The first photograph ever taken of the far side of the Moon

Spacecraft design

The spacecraft was a cylindrically shaped canister with hemispherical ends and a wide flange near the top end. The probe was 130 cm long and 120 cm at its maximum diameter at the flange. Most of the cylindrical section was roughly 95 cm in diameter. The canister was hermetically sealed and pressurized at 0.23 atmospheres. Solar cells[?] were mounted along the outside of the cylinder and provided power to the chemical batteries stored inside the spacecraft. Jalousies for thermal control were also positioned along the cylinder and would open to expose a radiating surface when the interior temperature exceeded 25 degrees C. The upper hemisphere of the probe held the covered opening for the cameras. Four antennae protruded from the top of the probe and two from the bottom. Other scientific apparatus (micrometeoroid and cosmic ray detectors) was mounted on the outside of the probe also attached was the Yenisey-2 imaging system. Gas jets for attitude control were mounted on the outside of the lower end of the spacecraft. Photoelectric cells[?] were used to maintain orientation with respect to the Sun and Moon. The spacecraft had no rockets for course adjustment. The interior of the spacecraft held the cameras and film processing system, radio equipment, propulsion systems, batteries, gyroscopic units for attitude control, and circulating fans for temperature control.
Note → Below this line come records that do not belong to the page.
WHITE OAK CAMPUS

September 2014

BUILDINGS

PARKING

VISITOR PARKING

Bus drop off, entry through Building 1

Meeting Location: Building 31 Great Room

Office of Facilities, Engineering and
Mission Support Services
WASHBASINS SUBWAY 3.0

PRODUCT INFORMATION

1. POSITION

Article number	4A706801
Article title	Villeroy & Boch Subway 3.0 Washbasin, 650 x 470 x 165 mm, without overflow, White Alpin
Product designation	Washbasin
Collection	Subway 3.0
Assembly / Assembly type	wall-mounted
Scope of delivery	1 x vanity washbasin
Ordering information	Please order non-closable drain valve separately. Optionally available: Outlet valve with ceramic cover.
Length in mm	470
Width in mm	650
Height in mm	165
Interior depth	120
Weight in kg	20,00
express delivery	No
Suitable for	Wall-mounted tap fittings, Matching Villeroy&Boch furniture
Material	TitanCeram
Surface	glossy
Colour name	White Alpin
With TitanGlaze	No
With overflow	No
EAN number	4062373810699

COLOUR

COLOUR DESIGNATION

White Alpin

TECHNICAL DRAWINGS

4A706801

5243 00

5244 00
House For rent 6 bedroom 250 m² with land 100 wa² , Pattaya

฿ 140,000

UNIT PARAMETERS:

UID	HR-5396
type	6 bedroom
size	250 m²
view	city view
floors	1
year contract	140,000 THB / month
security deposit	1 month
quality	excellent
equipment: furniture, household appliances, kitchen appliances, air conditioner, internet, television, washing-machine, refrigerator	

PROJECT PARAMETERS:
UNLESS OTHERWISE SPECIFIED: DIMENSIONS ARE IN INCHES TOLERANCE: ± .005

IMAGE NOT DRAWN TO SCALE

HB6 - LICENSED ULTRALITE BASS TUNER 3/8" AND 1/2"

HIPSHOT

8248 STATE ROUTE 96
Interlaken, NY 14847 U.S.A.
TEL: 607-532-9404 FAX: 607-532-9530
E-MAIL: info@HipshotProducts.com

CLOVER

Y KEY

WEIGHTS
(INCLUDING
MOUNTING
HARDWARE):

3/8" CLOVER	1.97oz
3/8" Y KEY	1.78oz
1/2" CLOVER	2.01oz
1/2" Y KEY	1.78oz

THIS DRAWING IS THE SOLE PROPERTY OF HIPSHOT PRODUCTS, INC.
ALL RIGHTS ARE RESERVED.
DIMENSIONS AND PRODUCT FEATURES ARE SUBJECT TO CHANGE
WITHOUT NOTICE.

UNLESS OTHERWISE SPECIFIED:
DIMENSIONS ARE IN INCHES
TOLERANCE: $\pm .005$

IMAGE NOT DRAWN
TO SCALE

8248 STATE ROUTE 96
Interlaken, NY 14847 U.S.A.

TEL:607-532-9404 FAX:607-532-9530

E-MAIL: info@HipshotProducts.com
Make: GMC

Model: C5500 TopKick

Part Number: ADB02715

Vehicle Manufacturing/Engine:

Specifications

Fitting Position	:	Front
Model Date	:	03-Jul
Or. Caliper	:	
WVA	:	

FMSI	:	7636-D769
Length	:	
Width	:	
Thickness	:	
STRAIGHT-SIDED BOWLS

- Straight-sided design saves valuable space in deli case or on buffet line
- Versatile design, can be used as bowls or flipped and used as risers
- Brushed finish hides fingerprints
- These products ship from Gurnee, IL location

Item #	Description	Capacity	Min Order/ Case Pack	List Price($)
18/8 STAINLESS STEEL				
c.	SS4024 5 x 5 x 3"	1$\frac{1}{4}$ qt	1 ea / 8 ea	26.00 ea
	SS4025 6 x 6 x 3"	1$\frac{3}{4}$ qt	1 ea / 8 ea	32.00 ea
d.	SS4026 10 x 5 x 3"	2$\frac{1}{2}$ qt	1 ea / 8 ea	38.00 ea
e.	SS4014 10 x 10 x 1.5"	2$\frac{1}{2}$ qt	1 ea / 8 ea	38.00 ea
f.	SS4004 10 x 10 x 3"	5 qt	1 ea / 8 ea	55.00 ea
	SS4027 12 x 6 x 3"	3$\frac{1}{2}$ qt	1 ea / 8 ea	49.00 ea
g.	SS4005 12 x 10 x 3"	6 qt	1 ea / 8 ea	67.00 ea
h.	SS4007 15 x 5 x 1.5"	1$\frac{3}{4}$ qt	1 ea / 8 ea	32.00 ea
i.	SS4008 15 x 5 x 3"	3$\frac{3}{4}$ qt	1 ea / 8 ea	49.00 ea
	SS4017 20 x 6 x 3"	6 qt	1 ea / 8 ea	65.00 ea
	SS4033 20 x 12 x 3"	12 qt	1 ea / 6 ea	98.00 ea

The spacecraft was spin stabilized and was directly radio-controlled from Earth.

Mission

After launch on an 8K72 (number I1-8) on a course over the Earth's north pole the Blok-E escape stage was shut down by radio control from Earth at the proper velocity to put the Luna 3 on a trajectory to the Moon. Initial radio contact showed the signal from the probe was only about half as strong as expected and the interior temperature was increasing. The spacecraft spin axis was reoriented and some equipment shut down resulting in a drop in temperature from 40 C to about 30 C. At a distance of 60,000 to 70,000 km from the Moon, the orientation system was turned on and the spacecraft rotation was stopped. The lower end of the station was oriented towards the Sun, which was shining on the far side of the Moon. The spacecraft passed within 6,200 km of the Moon near the south pole at its closest approach at 14:16 UT on 6 October 1959 and continued on to the far side. On 7 October the photocell on the upper end of the spacecraft detected the sunlit far side of the Moon and the photography sequence started. The first image was taken at 03:30 UT at a distance of 63,500 km from the Moon's surface and the last 40 minutes later from 66,700 km. A total of 29 photographs were taken, covering 70% of the far side. After the photography was complete the spacecraft resumed spinning, passed over the north pole of the Moon and returned towards the Earth. Attempts to transmit the photographs to Earth began on 8 October but were believed to be unsuccessful due to the low signal strength. As Luna 3 got closer to Earth a total of 17 resolvable but noisy photographs were transmitted by 18 October. Contact with the probe was lost on 22 October. The probe was believed to have burned up in the Earth's atmosphere in March or April of 1960, but may have survived in orbit until after 1962.